■ Information shown:
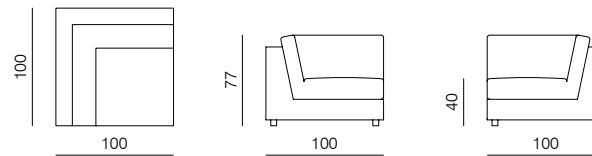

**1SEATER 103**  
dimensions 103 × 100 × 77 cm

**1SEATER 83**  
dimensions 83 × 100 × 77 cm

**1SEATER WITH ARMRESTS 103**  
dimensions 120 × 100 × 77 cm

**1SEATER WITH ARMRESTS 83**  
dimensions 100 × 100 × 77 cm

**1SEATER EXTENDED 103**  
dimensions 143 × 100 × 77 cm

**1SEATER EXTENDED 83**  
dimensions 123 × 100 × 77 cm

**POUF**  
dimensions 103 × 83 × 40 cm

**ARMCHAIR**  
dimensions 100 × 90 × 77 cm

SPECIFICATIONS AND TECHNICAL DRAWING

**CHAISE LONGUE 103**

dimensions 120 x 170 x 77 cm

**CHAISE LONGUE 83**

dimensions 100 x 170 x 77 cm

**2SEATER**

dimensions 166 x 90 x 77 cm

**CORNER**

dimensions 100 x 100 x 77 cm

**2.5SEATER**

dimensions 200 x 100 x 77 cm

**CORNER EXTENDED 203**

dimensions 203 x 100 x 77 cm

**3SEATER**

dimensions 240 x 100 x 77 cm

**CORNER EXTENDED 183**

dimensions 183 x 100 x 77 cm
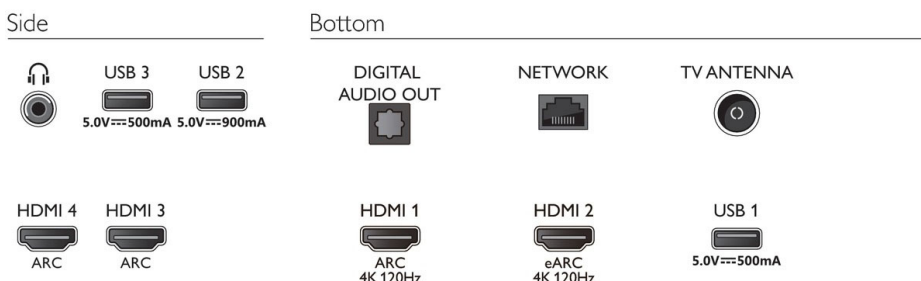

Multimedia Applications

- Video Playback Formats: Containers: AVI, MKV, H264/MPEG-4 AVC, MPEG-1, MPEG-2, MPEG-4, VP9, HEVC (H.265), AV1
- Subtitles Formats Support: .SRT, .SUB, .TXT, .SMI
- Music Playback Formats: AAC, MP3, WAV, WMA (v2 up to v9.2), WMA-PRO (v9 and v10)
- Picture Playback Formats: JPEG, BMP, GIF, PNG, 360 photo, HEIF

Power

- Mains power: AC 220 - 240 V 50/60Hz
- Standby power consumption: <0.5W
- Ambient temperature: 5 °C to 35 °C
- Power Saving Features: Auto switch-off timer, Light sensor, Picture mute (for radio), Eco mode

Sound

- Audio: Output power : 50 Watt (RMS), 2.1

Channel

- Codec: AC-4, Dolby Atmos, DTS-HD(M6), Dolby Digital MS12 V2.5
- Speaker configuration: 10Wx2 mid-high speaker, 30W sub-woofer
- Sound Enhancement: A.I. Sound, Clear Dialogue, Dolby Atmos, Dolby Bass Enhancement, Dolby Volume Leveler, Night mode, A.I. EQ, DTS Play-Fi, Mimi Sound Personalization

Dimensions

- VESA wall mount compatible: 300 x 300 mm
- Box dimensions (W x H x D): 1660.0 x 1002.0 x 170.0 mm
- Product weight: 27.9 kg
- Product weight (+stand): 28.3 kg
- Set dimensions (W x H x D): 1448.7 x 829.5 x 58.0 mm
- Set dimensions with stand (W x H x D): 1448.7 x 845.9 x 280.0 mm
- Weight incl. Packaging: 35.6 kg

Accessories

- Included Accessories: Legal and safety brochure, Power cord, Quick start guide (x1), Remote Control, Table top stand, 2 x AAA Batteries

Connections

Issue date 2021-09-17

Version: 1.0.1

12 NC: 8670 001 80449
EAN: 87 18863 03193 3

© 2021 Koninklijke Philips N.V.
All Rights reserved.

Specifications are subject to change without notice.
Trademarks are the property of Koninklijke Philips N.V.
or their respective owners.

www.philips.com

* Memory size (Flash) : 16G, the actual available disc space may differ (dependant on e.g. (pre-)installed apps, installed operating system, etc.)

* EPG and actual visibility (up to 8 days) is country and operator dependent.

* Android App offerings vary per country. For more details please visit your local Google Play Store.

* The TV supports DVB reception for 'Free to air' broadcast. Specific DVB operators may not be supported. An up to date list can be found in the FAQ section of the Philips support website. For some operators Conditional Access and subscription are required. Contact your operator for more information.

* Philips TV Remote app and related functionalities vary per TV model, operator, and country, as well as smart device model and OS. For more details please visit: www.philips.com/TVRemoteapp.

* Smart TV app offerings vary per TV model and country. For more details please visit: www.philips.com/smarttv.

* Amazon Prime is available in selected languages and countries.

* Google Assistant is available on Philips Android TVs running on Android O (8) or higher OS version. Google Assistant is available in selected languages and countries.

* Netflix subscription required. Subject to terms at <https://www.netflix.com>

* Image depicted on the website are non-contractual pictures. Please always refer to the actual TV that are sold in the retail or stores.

■ What the task requires:
Print only what lies in the material above starting at the line with "- Speaker configuration: 10Wx2" and ending at the line with "and operator dependent.", every line exactly as given.

■ Exercise solution:
- Speaker configuration: 10Wx2 mid-high speaker, 30W sub-woofer
- Sound Enhancement: A.I. Sound, Clear Dialogue, Dolby Atmos, Dolby Bass Enhancement, Dolby Volume Leveler, Night mode, A.I. EQ, DTS Play-Fi, Mimi Sound Personalization

Dimensions

- VESA wall mount compatible: 300 x 300 mm
- Box dimensions (W x H x D): 1660.0 x 1002.0 x 170.0 mm
- Product weight: 27.9 kg
- Product weight (+stand): 28.3 kg
- Set dimensions (W x H x D): 1448.7 x 829.5 x 58.0 mm
- Set dimensions with stand (W x H x D): 1448.7 x 845.9 x 280.0 mm
- Weight incl. Packaging: 35.6 kg

Accessories

- Included Accessories: Legal and safety brochure, Power cord, Quick start guide (x1), Remote Control, Table top stand, 2 x AAA Batteries

Connections

Issue date 2021-09-17

Version: 1.0.1

12 NC: 8670 001 80449
EAN: 87 18863 03193 3

© 2021 Koninklijke Philips N.V.
All Rights reserved.

Specifications are subject to change without notice.
Trademarks are the property of Koninklijke Philips N.V.
or their respective owners.

www.philips.com

* Memory size (Flash) : 16G, the actual available disc space may differ (dependant on e.g. (pre-)installed apps, installed operating system, etc.)

* EPG and actual visibility (up to 8 days) is country and operator dependent.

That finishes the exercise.